About the challenge
Intellectual disability (ID) affects millions of individuals, manifesting as challenges in verbal comprehension, working memory, and processing speed. In a world of increasing complexity, those with an IQ below 70 often face significant barriers to daily independence. The goal of this hackathon is not to "fix" ID, but rather to improve function.
The Problem
Individuals with intellectual disability (ID) experience significantly higher rates of depression and anxiety than the general population. While adapted cognitive behavioral therapy (CBT) is the established intervention, outcomes vary because therapy assumes skills learned in-session will be independently practiced and retrieved during real-world distress. For those with ID, working memory limitations and difficulty with abstraction create a critical "between-session gap" where skills are learned but do not consistently transfer or endure in day to day life.
The Challenge: The Skill Reinforcer
Your mission is to design a technology-based reinforcement platform that strengthens the learning processes necessary for successfully practicing therapy skills outside of therapy sessions. You must promote:
Encoding: Clear initial learning of therapy skills.
i.e. Does the patient understand what the main therapy concept is and how it is relevant to your presenting problem?
Abstraction: Recognition of similar circumstances in which skills can be used.
For example: The patient just learned the skill of self-advocacy-oriented communication. Now, can they recognize that this skill would not only be relevant to advocacy in a medical setting, but also in a vocational setting or social setting?
Retrieval & Application: Remembering and using relevant skills
When the relevant situation presents itself in your real life, do you remember you learned a skill for this?

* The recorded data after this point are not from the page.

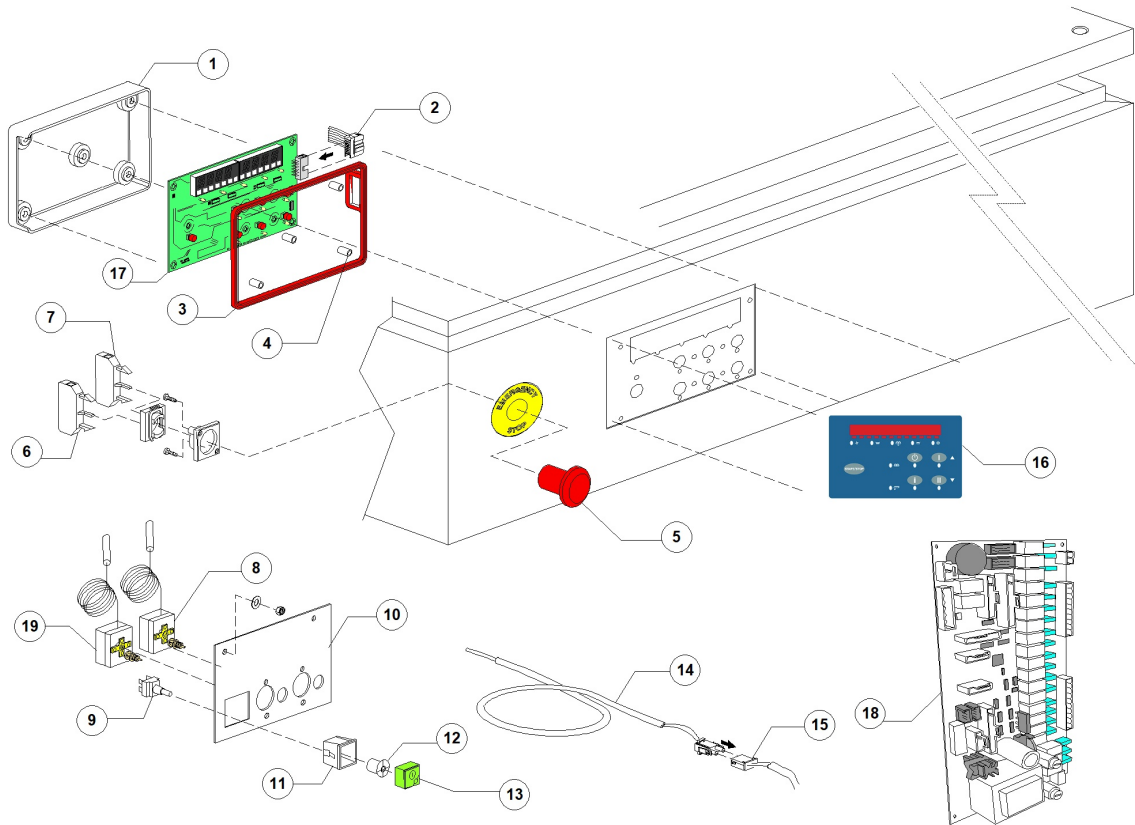

RX164E DR24 HR5 DDE 380-400/3N/50 EAC - DWQ1011253 - Control panel and switches - DW201E

RX164E DR24 HR5 DDE 380-400/3N/50 EAC - DWQ1011253 - Control panel and switches - DW201E

Pos.	Code	Descrizione	Description
1	DW11600931/A	SCAT.PROT. SCHEDA 11600931 (145X89X19)	ELECTRONIC BOARD PROTECTION BOX 11600931
2	DW50651	"PIATTINA MULTIFILO "F16p" L1000"	RIBBON CABLE F16p L1000
3	DW11600931/B	GUARNIZIONE PER SCATOLA 11600931/A	PROTECTION BOX GASKET DW11600931/A
4	DW50561	DIST. SCHEDE ELETTR. 2009 D.8X10	MAINBOARD SPACER D.8X10
5	DW3002050	PULS.FUNGO D.35 OP.SBLOC.ROT. 30A3	EMERGENCY BUTTON
6	DW3002056	CONTATTO 1NC RET. 31A5	CONTACT 1NC
7	DW3002054	CONTATTO 1NA	CONTACT 1NA
8	DW2000430	TERMOSTATO DI SICUR. 110 1500PVC	SAFETY THERMOSTAT 110 1500PVC
9	DW15812	FRUTTO INTERRUTTORE 16A	16A SWITCH
10	DW391010	STAFFA PORTA TERMOSTATI TYPE 91-92	THERMOSTAT SUPPORT
11	DW15815	SUPPORTO QUADRO SQ1 SINGOLO GRIGIO	SQUARE GREY SINGLE SUPPORT SQ1
12	DW15824	CAMMA VERDE-ARANCIO	GREEN-ORANGE CAM ROLL
13	DW15874	TASTO Q6 VERDE SERIG.ON-OFF	GREEN ON/OFF KEY Q6
14	DW3006165	SONDA TERMOSTATO SCHEDA TUNNEL	THERMOSTAT PROBE
15	DW3006170	PROLUNGA Sonda TERM. SCHEDA TUNNEL	THERMOSTAT PROBE EXTENSION
16	DW391090	MOSTRINA DIHR COMPACT - EVO/UP	DIHR ADHESIVE SILKSCREEN COMPACT- EVO/UP
17	DW11600931	TASTIERA SCORREVOLE 2009	SOFT TOUCH CONTROL PANEL 2009
18	DW3072148	SCHEDA MADRE RX EVO (BL)	MAIN BOARD (BL)
19	DW3072158	TERMOSTATO DI SICUR. 90 1500PVC	SAFETY THERMOSTAT 90 1500PVC

Do you actually apply it successfully to improve the outcome?
User Profile: The Resilient Learner
Your users are adolescents and adults with mild to moderate intellectual disabilities who are also managing comorbid depression or anxiety while receiving adapted CBT. These users face:
Limited Working Memory: Difficulty holding multi-step instructions.
Concrete Thinking: Challenges with abstract concepts; they need simple, implementable instructions.
Processing Delays: Often need information repeated or delivered at a slower pace.
Required Platforms
Participants must build a functional prototype addressing two perspectives:
1. Client-Facing Tool - Required
Interactive Practice: Micro-practice sessions for CBT skills.
Supportive UI: Simple, predictable interface with visual and audio supports.
Engagement: Prompt positive reinforcement and gamified elements to encourage habituation.
Safety: Built-in coping breaks and regulation tools (e.g., guided breathing).
2. Therapist-Facing Dashboard - Bonus
Customization: Ability to assign specific modules and adjust difficulty.
Tracking: Visualization of skill mastery and identification of where learning breaks down.
Continuity: Seamless linkage between in-session content and home practice.
Key Requirements: Accessible by Design
Reading Level: All text must be at or below a 6th-grade reading level.
Multilingual: Bonus points for support in both English and Spanish for the Miami community.
Design Principles: Prioritize concrete over abstract, repetition over novelty, and reinforcement over punishment.
Judging Criteria
Function Over Condition: Does the tool solve the practical problem of skill transfer rather than just teaching abstract concepts?
Cognitive Accessibility: How well does the UI accommodate users with visual-spatial or working memory challenges?
Smart Use of AI: Is AI meaningfully simplifying complex therapeutic skills into "block-design" style instructions?
Self-Efficacy: Does the tool provide the rewards and reinforcement necessary to build user confidence?